Exercise aim:
Having located "Pvd color latón mate - H50" in the listing below, write out its line and every following line exactly, last line included, without the pictures.

Source data:
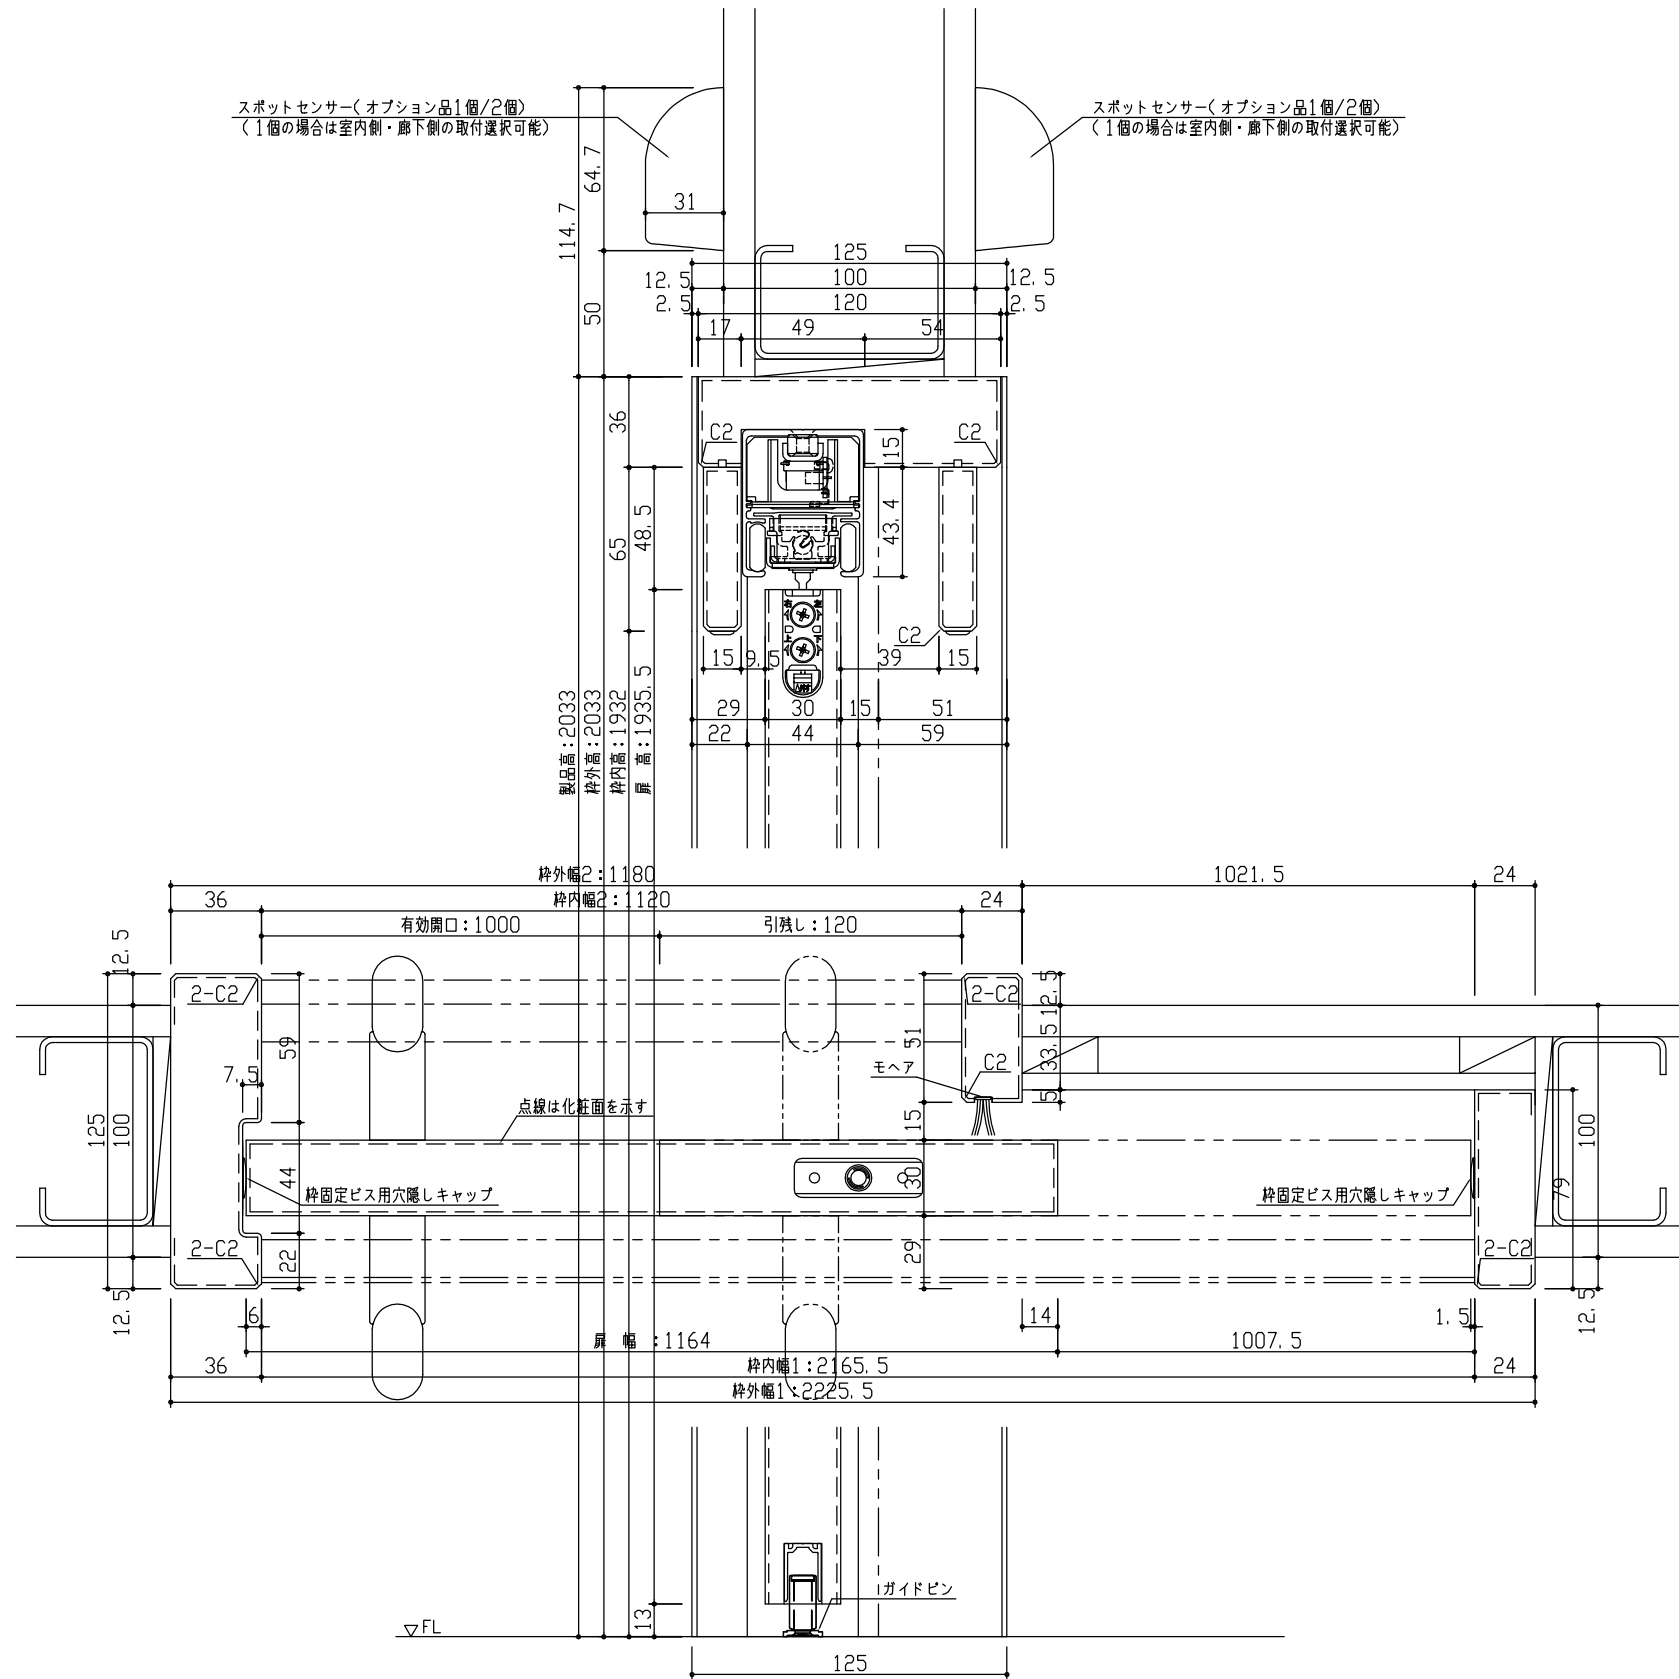

断面図

正面図

型 式	おもしろシリーズ アシストドア Aデザイン 固定枠125 2225.5幅 2033高 右引		
仕 上 げ	扉 パネル:	オレフィンシート	
	扉 採光部:	枠 : オレフィンシート	
把 手	スリムにぎりバー (ホワイト・クリア・ミディアム・ダーク)		
敷 居			
品 番	固定枠125	特) AG2Y6-11 ■■ (R-L) NN × 1	
	レールセット	AG5SY-101F × 1	
	扉	AD1YAN-11 ■■ FG × 1	
	引手	RC5D3-(10-14-12-13)V × 1	
備 考	スポットセンサー AG5H0(1-2) × 1 (オプション品)		

第 1 版	No.	改 訂 履 歴	承認	確認	作成	縮 尺
制定日 2022.06.21	△	..				1 / 3
改訂日 2022.06.21	△	..				1 / 25
	△	..				

名称	おもしろシリーズ	件名		頁	
品番		建具			
図名	三面図				
FILE	OM-AS-A-K125-2225_5-2033-空				
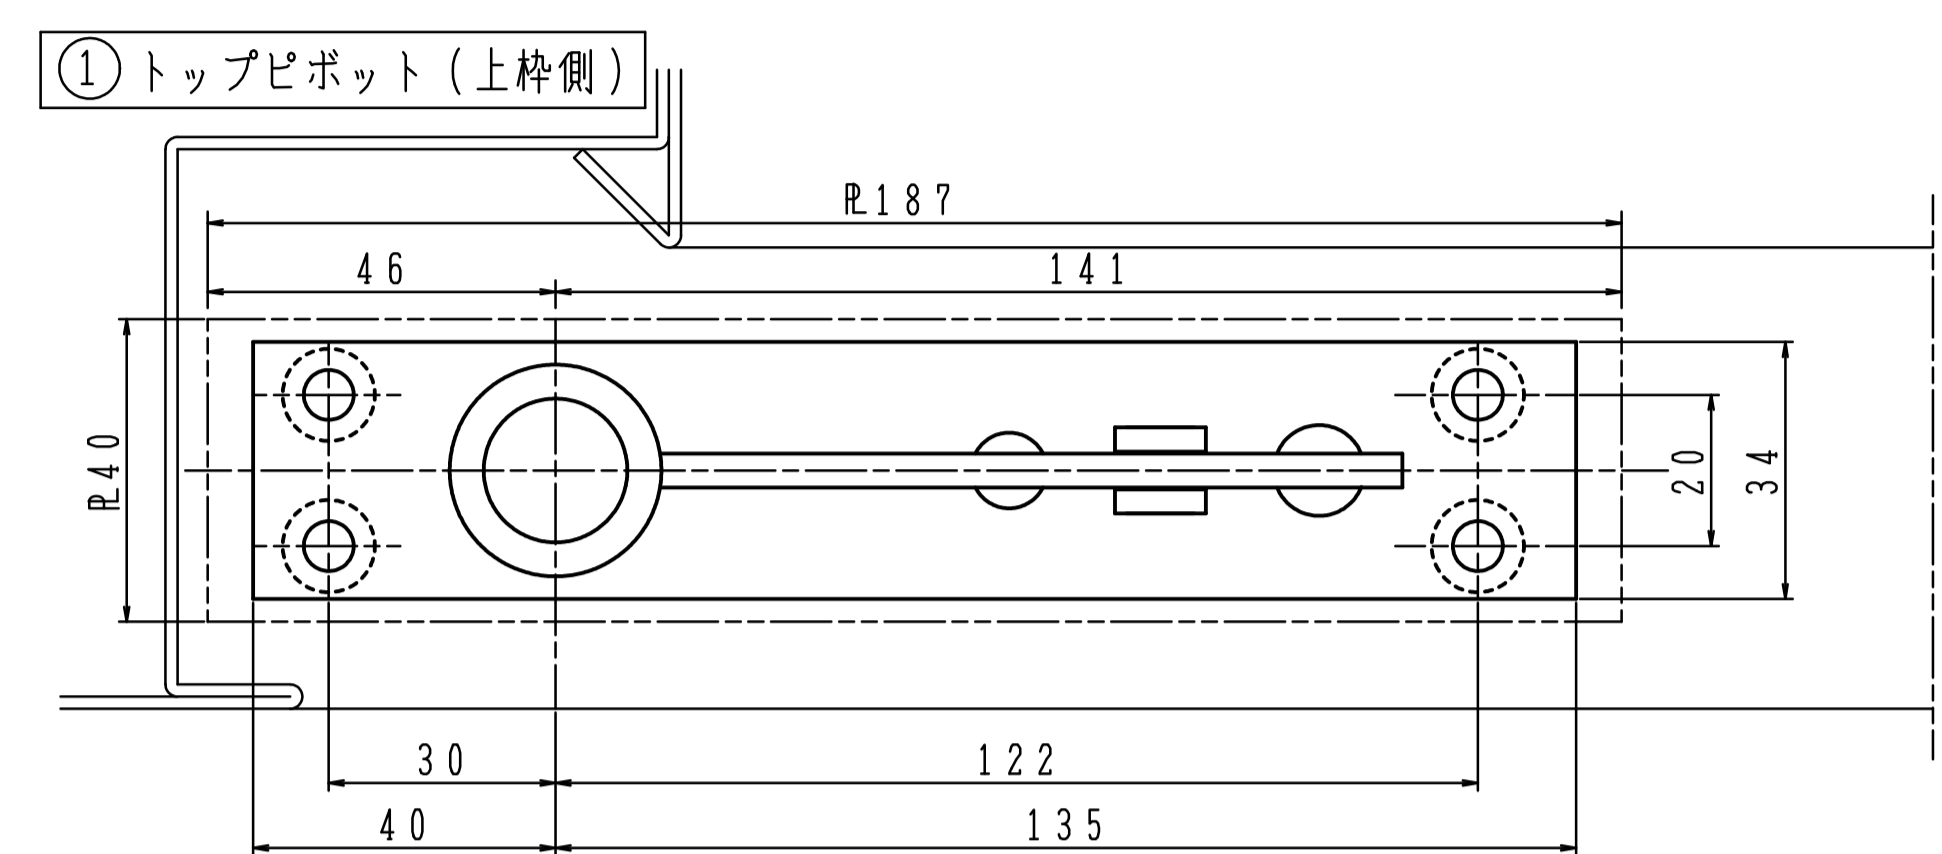

品番	適用ドア寸法		ドア重量 kg以下
	DW×DH mm	ドア厚mm以上	
HC-26T	2600×2600	55	310
HC-30T	3000×2600	55	410
HC-35T	3500×3000	55	650

※左右勝手があります。
本図は右開きを示す。
左右勝手基準
↓
右/左
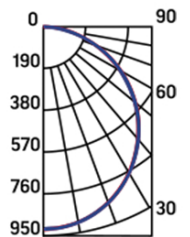

Размер светильника:
200x200x25mm
Монтажный размер: 185x185mm
Размер упаковки светильника:
258x233x45mm
PF ≥ 0,95

○ белый ● серый ● черный

Артикул	Мощность	Цветовая температура	Световой поток	Цвет корпуса
V1-R0-00342-10000-4402530	25W	3000K	2400 lm	белый
V1-R0-00342-10000-4402540	25W	4000K	2500 lm	белый
V1-R0-H0342-10000-4402530	25W	3000K	2400 lm	серый
V1-R0-H0342-10000-4402540	25W	4000K	2500 lm	серый
V1-R0-T0342-10000-4402530	25W	3000K	2400 lm	черный
V1-R0-T0342-10000-4402540	25W	4000K	2500 lm	черный

DALI

Размер светильника:
110x110x25mm
Монтажный размер: 90x90mm
Размер упаковки светильника:
140x125x48mm
PF ≥ 0,95

○ белый ● серый ● черный

Артикул	Мощность	Цветовая температура	Световой поток	Цвет корпуса
V1-R0-00342-10A00-4402530	25W	3000K	2400 lm	белый
V1-R0-00342-10A00-4402540	25W	4000K	2500 lm	белый
V1-R0-H0342-10A00-4402530	25W	3000K	2400 lm	серый
V1-R0-H0342-10A00-4402540	25W	4000K	2500 lm	серый
V1-R0-T0342-10A00-4402530	25W	3000K	2400 lm	черный
V1-R0-T0342-10A00-4402540	25W	4000K	2500 lm	черный
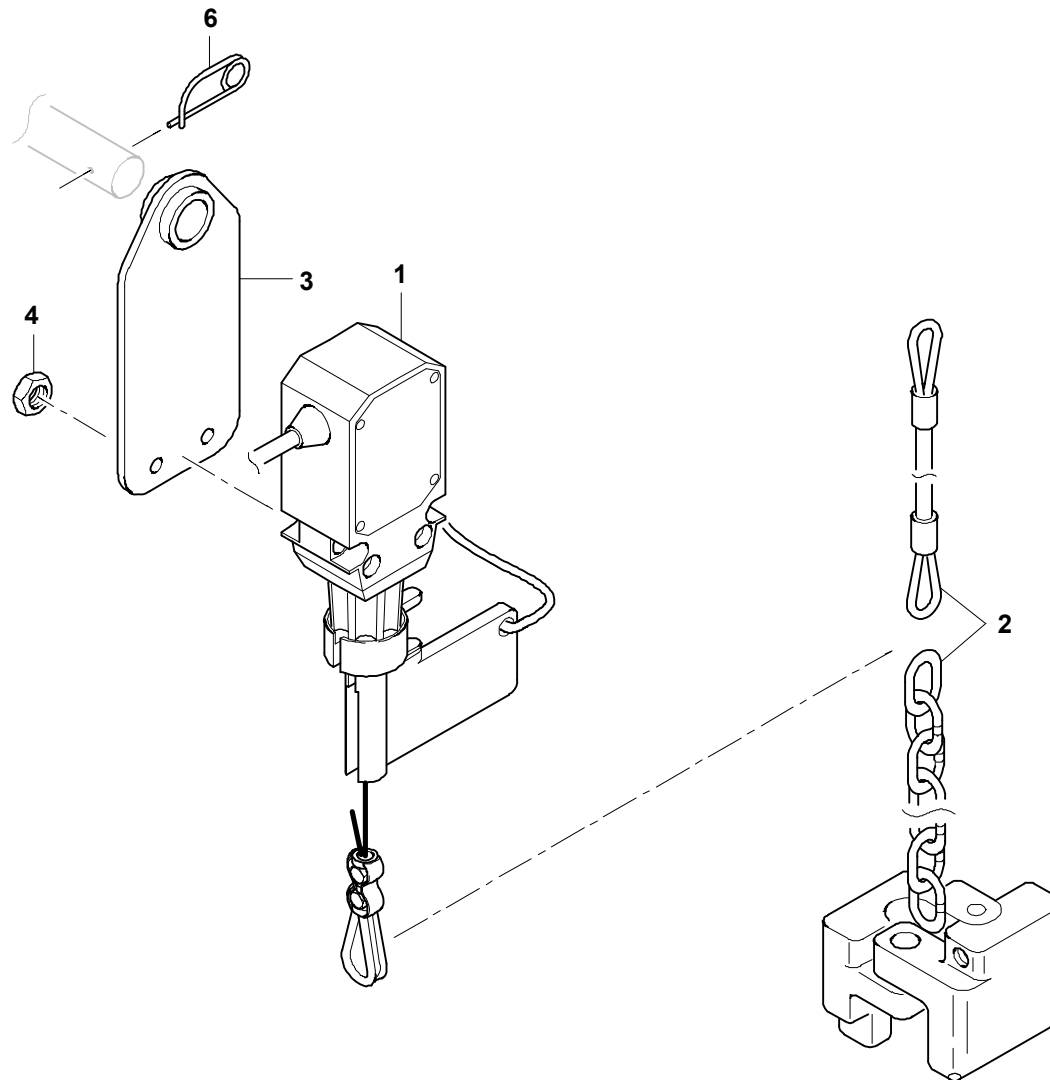

GROVEHUBENDSCHALTER KPL.
LIMIT SWITCH CPL.BILDТАFEL
PICTORIAL DISPLAY**GMK 5220**
BE 770
G 000

08.08

3004150-ETL A

1/1

3004150-A-BL01-0808-0000
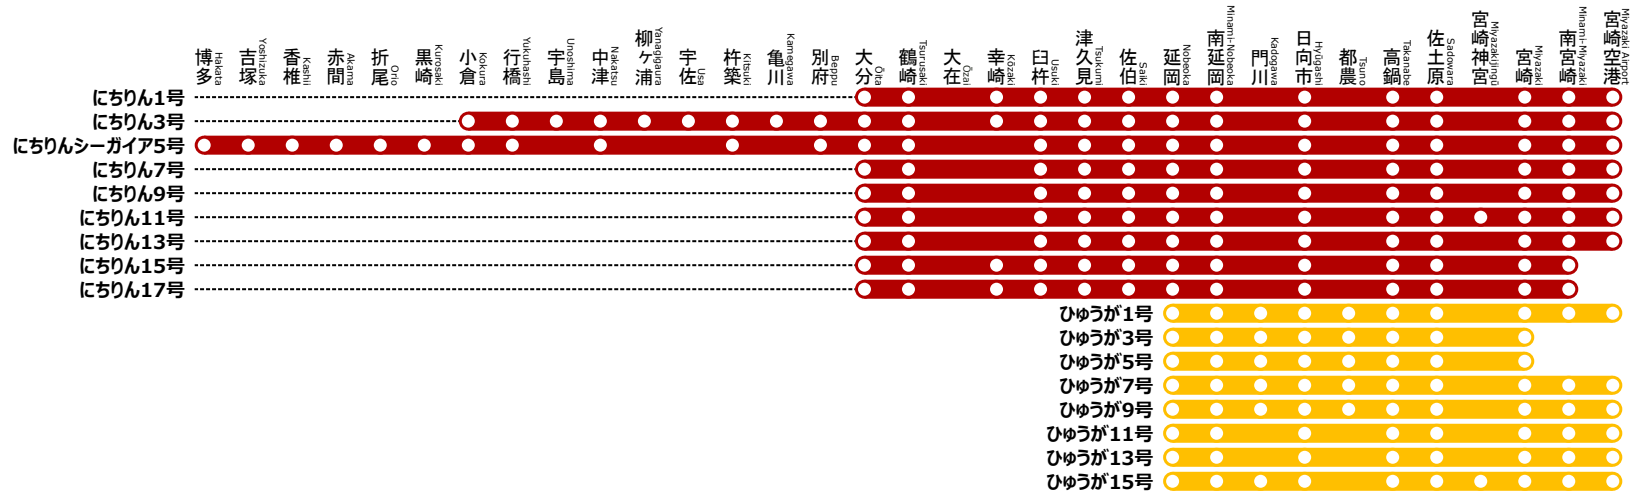

特急にちりん,にちりんシーガイア,ひゅうが停車パターンのご案内

Limited Express Nichirin,Nichirin Seagaia,Hyūga stops pattern information

延岡,大分,博多方面

for Nobeoka,Ōita,Hakata

宮崎,宮崎空港方面

for Miyazaki,Miyazaki Airport

制作者 かんなぎNEO

※記載した列車以外にも臨時列車が運転される場合があります。

※これは非公式の路線図です。

※路線図の無断転載はお止めください。
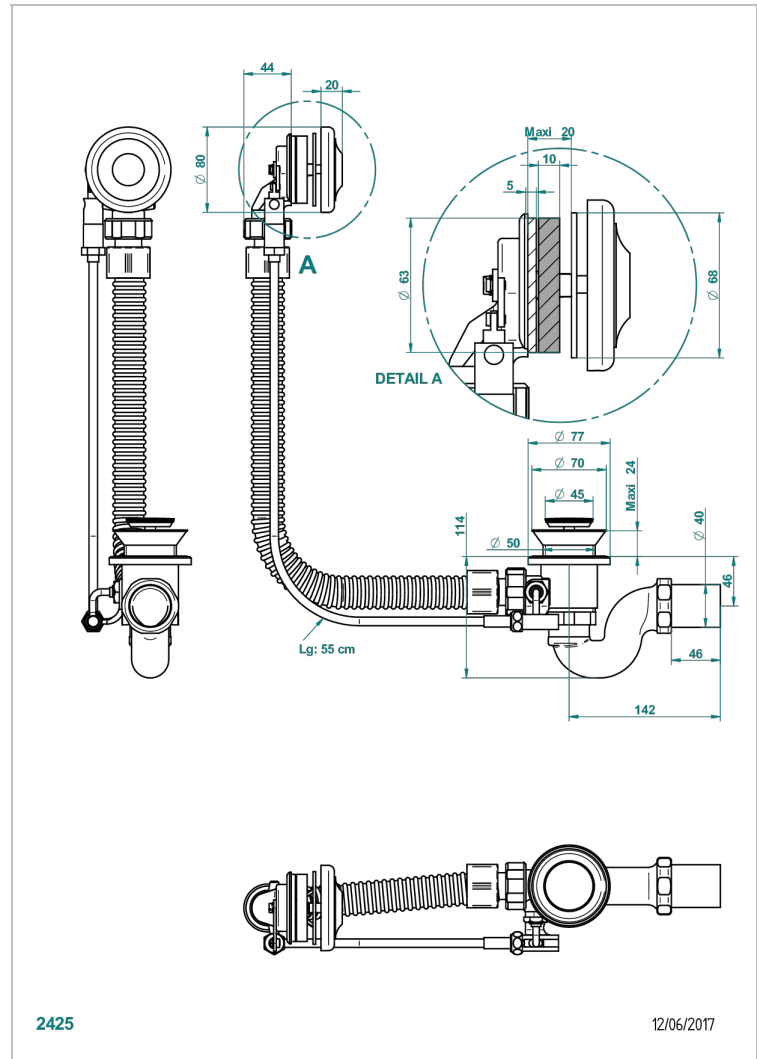

CHARLESTON CON MANETAS

G75-300

Desagüe automatico de bañera lg 55 cm

THG[®]
PARIS

CARACTERÍSTICAS

- Charleston con manetas
- Desagüe automatico de bañera lg 55 cm

ACABADOS DISPONIBLES

Cromo - A02
Pvd blush - H62
Pvd blush mate - H60
Pvd color latón - H49
Pvd color latón mate - H50
Pvd color níquel - H55
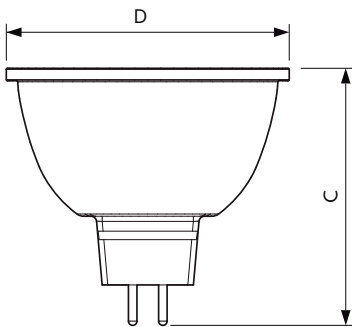

Dados do produto

Informações gerais		Consistência da cor	
Casquilho	GU5.3 [GU5.3]	Índice de restituição cromática (Nom.)	<3
Em conformidade com RoHS da UE	Sim	LLMF no final da vida útil nominal (Nom.)	97
Vida útil nominal (Nom.)	40000 h	Fluxo luminoso em cone de 90° (Nominal)	70 %
Ciclo de comutação	50000X		440 lm
Tipo técnico	6.5-35W		
Dados técnicos de luminosidade		Dados elétricos e de funcionamento	
Código da cor	940 [CCT de 4000 K]	Frequência de entrada	- Hz
Abertura de feixe (Nom.)	60 °	Power (Rated) (Nom)	6,5 W
Fluxo luminoso (Nom.)	440 lm	Corrente de lâmpada (Nom.)	800 mA
Intensidade luminosa (Nom.)	440 cd	Potência equivalente	35 W
Designação da cor	Cool White (CW)	Tempo de arranque (Nom.)	0,5 s
Temperatura de cor correlacionada (Nom.)	4000 K	Tempo de aquecimento até 60% de luz (Nom.)	0,5 s
Eficiência luminosa (nominal) (Nom.)	67,69 lm/W	Fator de potência (Nom.)	0,7
		Tensão (Nom.)	ac electronic 12 V

Desenho dimensional

MAS LED MR16 ExpertColor 7.2-50W 940 60D

Product	D	C
MASTER LED ExpertColor 6.5-35W MR16 940 60D	50,5 mm	46 mm

Dados fotométricos

Master LEDspot ExpertColor LV 50W EZ10 940 10D

Master LEDspot ExpertColor LV 50W GU5.3 940 60D

Answer box:
Pvd color latón mate - H50
Pvd color níquel - H55

Dados do produto

Informações gerais		Consistência da cor	
Casquilho	GU5.3 [GU5.3]	Índice de restituição cromática (Nom.)	<3
Em conformidade com RoHS da UE	Sim	LLMF no final da vida útil nominal (Nom.)	97
Vida útil nominal (Nom.)	40000 h	Fluxo luminoso em cone de 90° (Nominal)	70 %
Ciclo de comutação	50000X		440 lm
Tipo técnico	6.5-35W		
Dados técnicos de luminosidade		Dados elétricos e de funcionamento	
Código da cor	940 [CCT de 4000 K]	Frequência de entrada	- Hz
Abertura de feixe (Nom.)	60 °	Power (Rated) (Nom)	6,5 W
Fluxo luminoso (Nom.)	440 lm	Corrente de lâmpada (Nom.)	800 mA
Intensidade luminosa (Nom.)	440 cd	Potência equivalente	35 W
Designação da cor	Cool White (CW)	Tempo de arranque (Nom.)	0,5 s
Temperatura de cor correlacionada (Nom.)	4000 K	Tempo de aquecimento até 60% de luz (Nom.)	0,5 s
Eficiência luminosa (nominal) (Nom.)	67,69 lm/W	Fator de potência (Nom.)	0,7
		Tensão (Nom.)	ac electronic 12 V

Desenho dimensional

MAS LED MR16 ExpertColor 7.2-50W 940 60D

Product	D	C
MASTER LED ExpertColor 6.5-35W MR16 940 60D	50,5 mm	46 mm

Dados fotométricos

Master LEDspot ExpertColor LV 50W EZ10 940 10D

Master LEDspot ExpertColor LV 50W GU5.3 940 60D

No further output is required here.